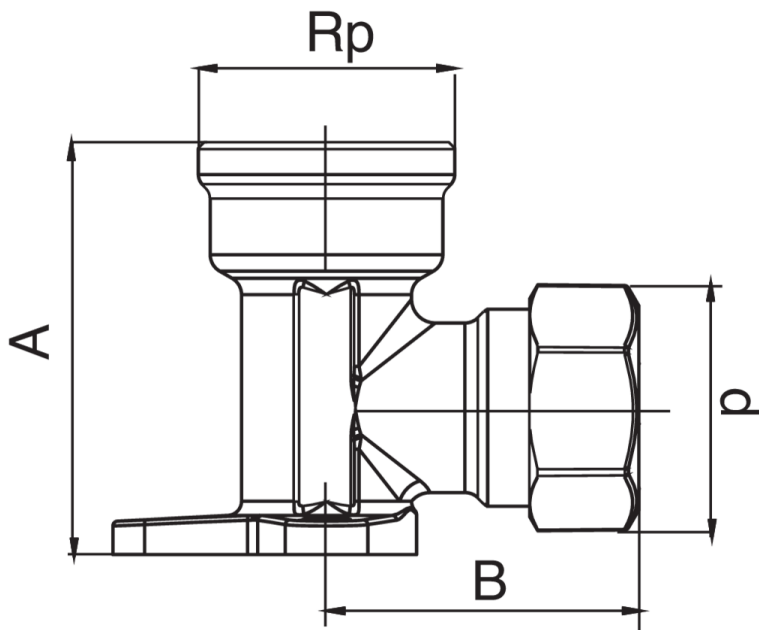

OT2471

F/female thread elbow with wallplate.

Technical specifications

D X RP	BAG	MASTER BOX	CODE	A	B
12 x 1/2"	5	50	OT2471A12012000	43,5	32
14 x 1/2"	10	50	OT2471A12014000	43,5	32,3
16 x 1/2"	10	50	OT2471A12016000	43,5	34
■ ■ ■ ■
* _Exercise directions_:
Would you repeat the listing above exactly, minus the images?

* _Task output_:
OT2471

F/female thread elbow with wallplate.

Technical specifications

D X RP	BAG	MASTER BOX	CODE	A	B
12 x 1/2"	5	50	OT2471A12012000	43,5	32
14 x 1/2"	10	50	OT2471A12014000	43,5	32,3
16 x 1/2"	10	50	OT2471A12016000	43,5	34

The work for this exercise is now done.